The troops pull out from the country depends upon the situation on the ground. The issue is whether Pakistan would abide by the US advice to take action against the terrorists’ outfits on its soil, and India would offer development assistance. Also, how the peace could be really possible without active support of Iran?
During the post-Taliban years, the relations between Pakistan and Kabul government have soured. The Pakistan’s ISI wants to have a government in Kabul under its umbrella. However, it is not even acceptable to the Afghan Talibans as well as to the Kabul Government. The Afghanistan leadership has demanded that the ISI must end the practice of picking up young men from the Afghan refugees. These trained militants are being deployed to maintain its hold on the country. There is a recent upsurge of these elements in Afghanistan, which could be traced to the ISI. The recent arrest of the terrorist having its close affiliation with ISI in killing Sikhs at a Gurdwara in Kabul has exposed the dirty game of Pakistan.

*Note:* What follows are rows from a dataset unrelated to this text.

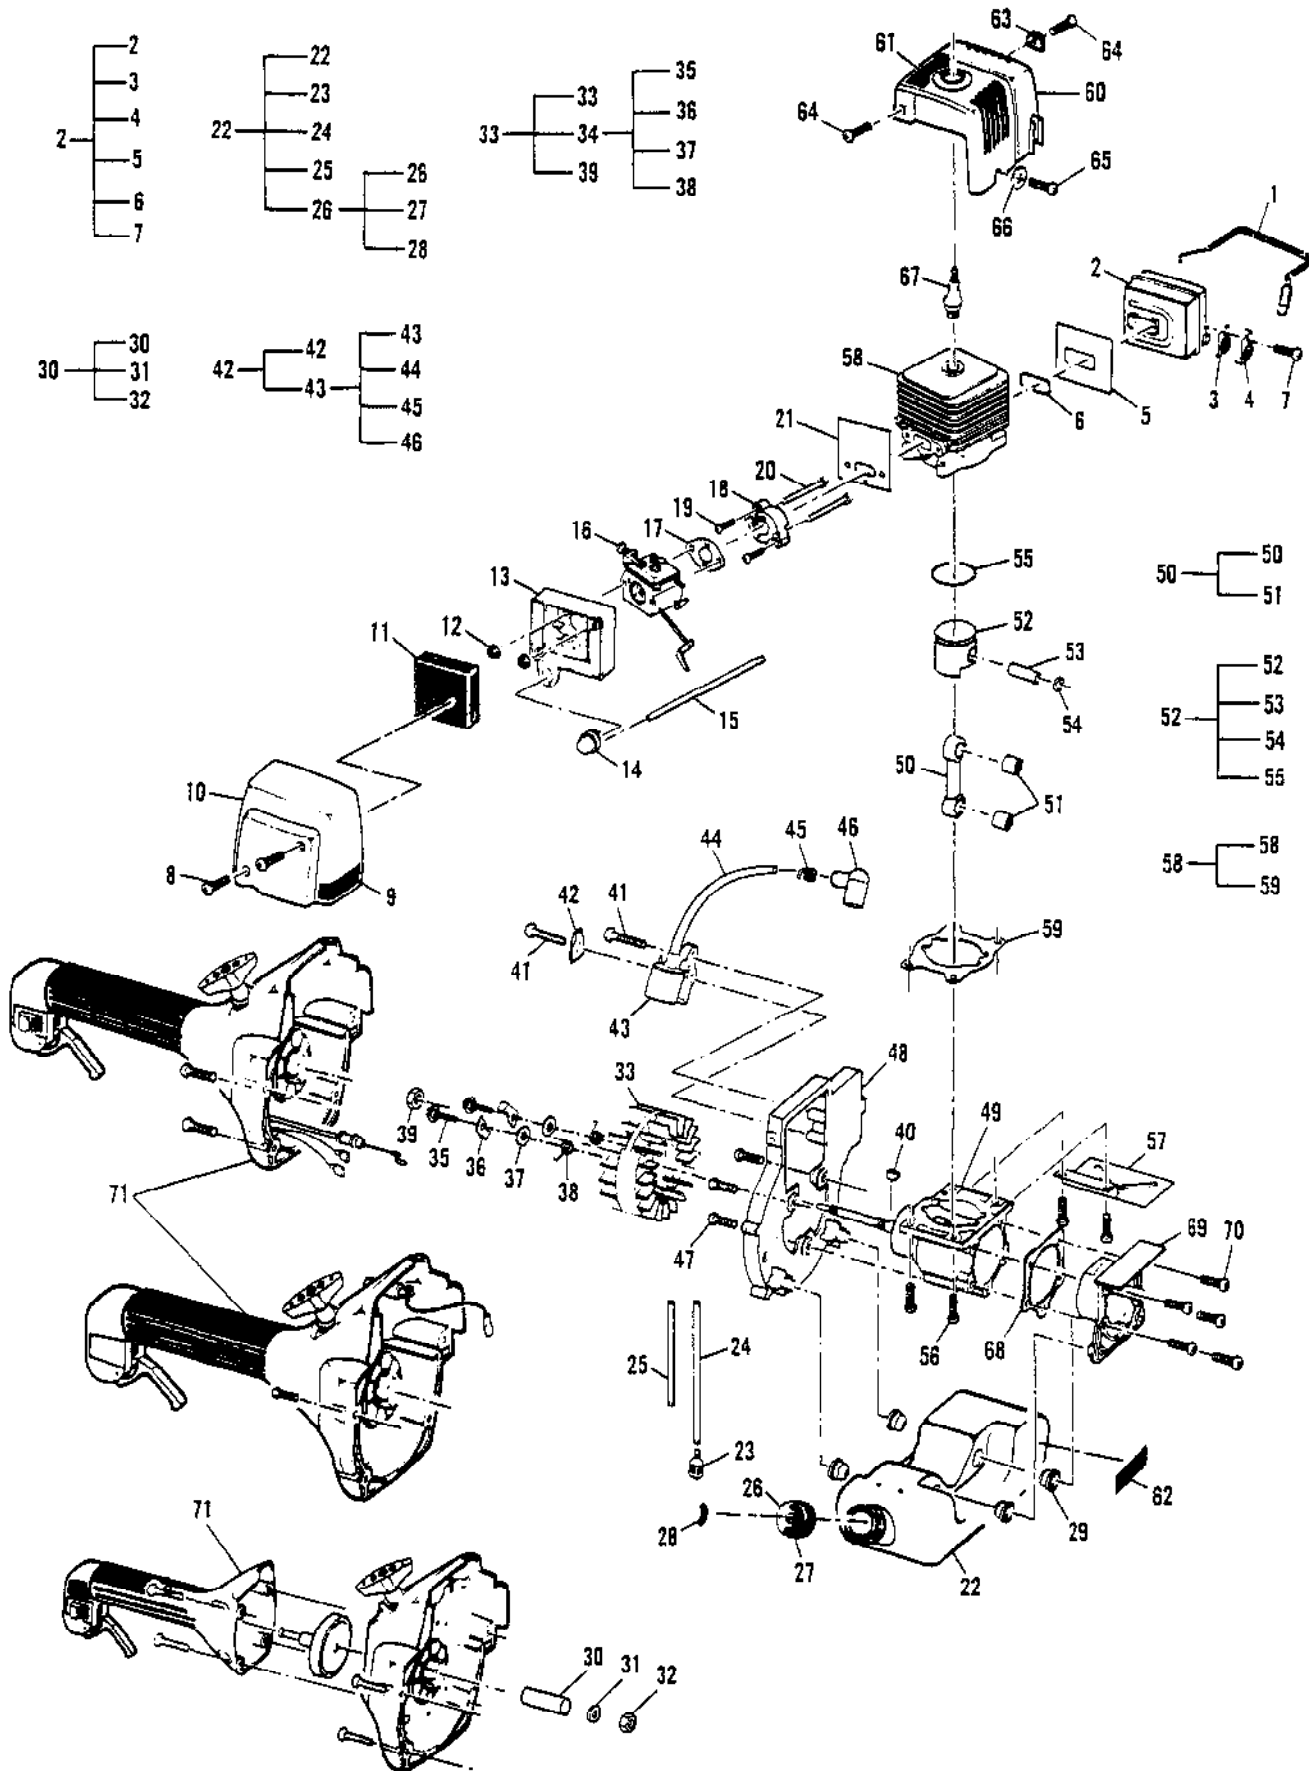

Ref #	Part Number	Qty	Description
1	224044	1	Spring, Muffler
2	300628	1	Kit, Muffler
3	224040	1	Screen, Spark Arrester
4	322032	1	Cover, Spark Arrester
5	224228	1	Gasket, Muffler
6	224922	1	Gasket, Exhaust Port
7	111072	1	Screw, 8-18 x .31 PN HD SL Torx
8	111055	2	Screw, 10-14 x .625
9	322478	1	Label, Choke (Horizontal)
10	224236	1	Cover, Air Cleaner-Large (Blk)
	300302	1	Cover, Air Cleaner-Large (Grey)
11	224239	1	Filter, Air
12	111058	2	Nut, 10-24 Hex / Flange
13	224238	1	Box, Air (Blk)
	300301	1	Box, Air (Grey)
14	224242-01	1	Primer, Remote
15	225163	1	Hose, Fuel Return
16		1	CARBURETOR W/CHOKE See "Carburetor Assembly" illustration and parts list.
17	218933	1	Gasket, Carburetor
18	224041	1	Manifold, Carburetor
19	111053	2	Screw, 10-24 x .88 THD FORM
20	111057	2	Screw, 10-24 SPL
21	322031	1	Gasket, Manifold
22	300871	1	Kit, Fuel Tank / Cap (Blk)
23	216985	1	Pickup, Fuel
24	225162	1	Hose, Fuel
25	225163	1	Hose, Fuel Return
26	300700	1	Kit, Fuel Cap/Decal
27	211242	1	Decal, (OPEN SLOWLY)
28	322250	1	Decal, Fuel Cap
29	322105	4	Isolator, Fuel Tank
30	301114	1	Kit, Spacer, Clutch
31	322847	1	Nut
32	322844	1	Washer
33	300827	1	Kit, Flywheel
34	301019	1	Kit, Pawls/Flywheel
35	111090	2	Screw, Starter Pawl, 12-24 LH
36	322320	2	Pawl, Starter
37	93469	2	Washer, Starter Pawl
38	223339	2	Spring, Starter Pawl
39	322847	1	Nut
40	102164	1	Key, Flywheel
41	111053	2	Screw, 10-24 x .88 THD FORM
42	300321	1	Terminal Tab
43	219848-01	1	Ignition Assembly
44	223884	1	Kit, Spark Plug Wire
45	102556	1	Connector, Spark
46	95266	1	Boot, Spark Plug
		1	Grommet, H/T Lead Not available separately.
		1	Grommet, S/Plug Wire Not available separately.
47	111054	3	Screw, 10-24 x .625
48	224042	1	Shroud, Engine Machined
49	300765	1	Crankcase / Shaft Asy-DD
	300766	1	Crankcase / Shaft Asy-CD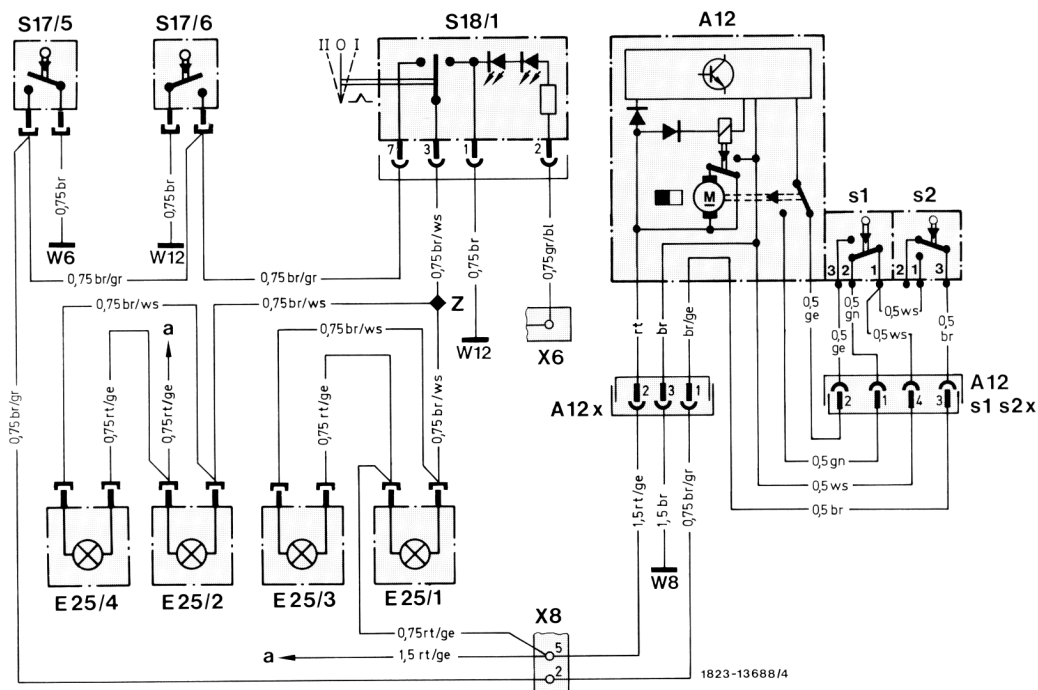

72-265 Electric wiring diagram (T-sedan)

Wiring diagram tailgate closing assist

A 12	Tailgate closing assist	W 6	Ground, trunk, left wheelhouse
A 12x	Plug connection tailgate closing assist	W 8	Ground, tailgate (terminal block)
A 12s1	Plug connection tailgate microswitch	W 12	Ground, center console
s2x	(starting 06/86)	X 6	Terminal block, terminal 58d
A 12/s1	Switch tailgate closing assist	X 8	Terminal block, tailgate
A 12/s2	Switch tailgate lock	a	Fuse C, terminal 30
E 25/1	Right C-pillar interior lamp, rear	Z	Solder joint in harness
E 25/2	Left C-pillar interior lamp, rear		
E 25/3	Right D-pillar interior lamp, rear		
E 25/4	Left D-pillar interior lamp, rear		
S 17/5	Left rear door contact switch		
S 17/6	Right rear door contact switch		
S 18/1	Illuminated rear dome lamp switch		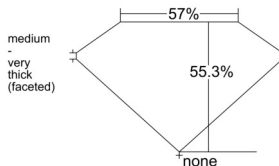

GIA®

FACSIMILE

GIA REPORT 2517259453

Verify this report at GIA.edu

GIA NATURAL DIAMOND DOSSIER®

January 22, 2025
GIA Report Number 2517259453
Shape and Cutting Style ..... Heart Brilliant
Measurements ..... 5.01 x 5.78 x 3.20 mm

GRADING RESULTS

Carat Weight ..... 0.52 carat
Color Grade ..... D
Clarity Grade VS1

ADDITIONAL GRADING INFORMATION

Polish ..... Excellent
Symmetry ..... Very Good
Fluorescence ..... Medium Blue
Clarity Characteristics..... Twinning Wisp, Pinpoint, Needle
Inspection(s): GIA 2517259453

PROPORTIONS

Profile not to actual proportions

GRADING SCALES

GIA COLOR SCALE		GIA CLARITY SCALE	
COLORLESS	D	VERY VERY SLIGHTLY INCLUDED	FLAWLESS
	E		INTERNALLY FLAWLESS
	F		VVS₁
	G		VVS₂
	H		VS₁
	I		VS₂
	J		SI₁
	K		SI₂
	L		I₁
	M		I₂
NEAR COLORLESS	N	SLIGHTLY INCLUDED	I₃
	O		
	P		
	Q		
FAINT	R		
	S		
	T		
	U		
VERT LIGHT	V		
	W		
	X		
	Y		
LIGHT	Z

The role of China in the Afghan affairs is yet to be spelt out, though it appears to be limited only to extract minerals and raw materials. Its recent agreement with Iran for a long-term purchase of the crude oil, reveals that it may be playing much bigger role with the help of its ally, Pakistan, as soon as US vacates the region. Meanwhile, much significance is attached to the earlier two high-level meetings between Rajnath Singh and Jaishanker with their respective counterparts in Iran, Brigadier General Amir Hatami and Javed Zarif.
It is possible that India may share the common approach towards the resolution of the Afghanistan’s challenges with the US envoy. India may tell US that with the final departure of the US forces, a consensus is required for ensuring the peace. Since, it is yet to be ascertained that how much understanding could be developed between the Indian and Iranian leaders. However, it is understood that India is going to tell US to support India’s initiative for the revival of the regional approach model involving India-Iran to stabilize Afghanistan.
Amidst these developments, India and Iran have decided to give a push to connectivity projects. The terminals built at Chabahar Port with India’s assistance recently witnessed cargo movement to South Asia and Southeast Asia. In February 2019, the Afghanistan-Iran-India trade corridor through Chabahar Port was officially inaugurated. India’s has impressed upon Iran that it should reconsider the Chahbahar-Zahedan railway contract to Khatam al-Anbiya, a Revolutionary Guard entity that is under US sanctions. If the US endorses India-Iran understanding, its task to pull out from Afghanistan would be much easier. Zalmay Khalilzad’s New Delhi visit could become a historical event, but much depends upon the US perception of the region.